23 Kasım 2009 Pazartesi

Kasım Başkadır



Bu sene kasım ayı gerçekten benim için gerçekten iz bırakıcı geçti. Bir geldi  pir geldi de denebilir.
* "Kasımda Aşk Başka"ydı hadi, kim demişti ki bu koca yalanı. Peh peh peh! Koca bir zırvalama! En azından benim için öyle. Ekim olabilirdi , Eylülde de olabilirdi ama Kasım ayı için koskocaman bir fiyaskoydu bu söz.
*Onun dışında bir nebze kendime gelmek ve vizelerinde verdiği zorunlulukla oturup ineklemekti Kasım'ı başka yapan. Oturup sayfalarca ingilizce birşeyler ezberlemekti. Maksat sınav kurtulsun.
*"Kasımda Dostluk Başka"ydı ama kötü zamanlarımda çünkü onlar hep yanımdaydı. Ben de onların yanında olamaya çalıştım elbette. 
* Her şeye rağmen hayata gülümseyebilmekti. Herşeye ve herkese rağmen..

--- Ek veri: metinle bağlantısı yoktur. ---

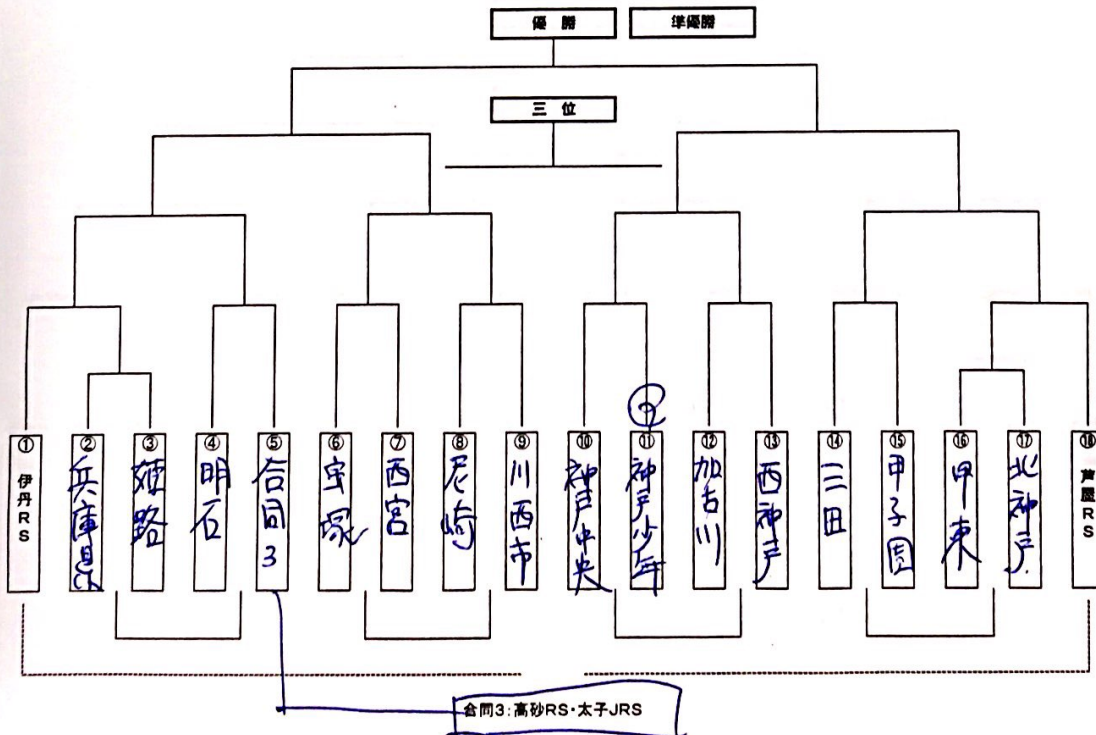

第36回 県大会組合せ表

5年生

16千-△

1日目:三木総合防災公園 11/11日
 2日目:三木総合防災公園 11/18日
 3日目:三木総合防災公園 12/16日

※調整中

12 / 16
 11 / 18
 11 / 11

12 / 16

第36回 県大会組合せ表

6年生

18千-△

1日目:三木総合防災公園 11/11日
 2日目:三木総合防災公園 11/18日
 3日目:三木総合防災公園 12/16日

※調整中

12 / 16
 11 / 18
 11 / 11

12 / 16

第36回 県大会組合せ表

3年生

Umarım bundan sonraki aylar, yıllar ve Kasım'lar çok daha iyi olur. İşte o zaman "Kasım da aşk da gerçekten de başkaymış" diyebilirim belki de, kim bilir.

dipnot: "Sweet November"ı hangi aklı evvel "Kasımda Aşk Başka"dır diye çevirdi merak ettim tam şuan :D




20 Kasım 2009 Cuma

İpin Ucunda Bir Hayat

Her zamanki gibi bu blogta isterdim şirinlikler yapayım, ahkam keseyim , akıl vereyim ve en önemlisi de güzel haberler vereyim sizlere ama malesef bugün çok tatsız bir haber aldım. Haliyle epey bir canım sıkıldı. Vizelerin bitmesiyle bende oluşan rahatlamasıyla eve döndüm bugün.

İki saat kadar sonra Hande adlı arkaşım mesaj atmış, "arayabilir misin, çok kötü birşey oldu!" diye. Bende bunu KPSS'ye girmişti, ona bağladım kendimce ve aradım merak içerisinde.

Telefonun ucunda hıçkırıklar içersinde " Tufan kaza geçirmiş, hastanedeymiş" dedi. Başta idrak edemedim sonradan anladım ki bu Tufan bizim ortak arkadaşımız olan Tufan'dı. Motorla kaza yapmış ve komadaymış. Yani durumu kritikmiş ve bahsettiği çocuk o kadar güçlü yaşına göre çok oturaklı biriydi.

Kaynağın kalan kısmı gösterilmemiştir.